Given information:
== == ==

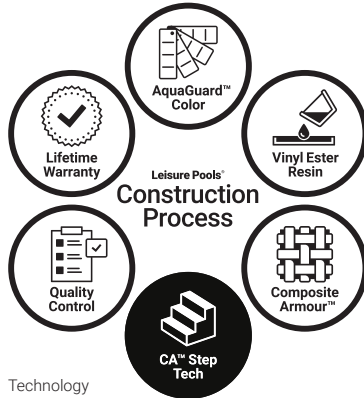

Composite Armour™ Step Technology

Stringent quality control is part of every step of the manufacturing process.

Yes, our standards are strict. That is because we confidently construct our pools with care and pride. Once the shell is separated from the mold and passes an extremely thorough inspection, it is ready to be delivered to your home for installation. A lot of thought goes into the entire process, but the end result speaks volumes.

== == ==

Restate the data above exactly, stripping out each image.

Task output:
Composite Armour™ Step Technology

Stringent quality control is part of every step of the manufacturing process.

Yes, our standards are strict. That is because we confidently construct our pools with care and pride. Once the shell is separated from the mold and passes an extremely thorough inspection, it is ready to be delivered to your home for installation. A lot of thought goes into the entire process, but the end result speaks volumes.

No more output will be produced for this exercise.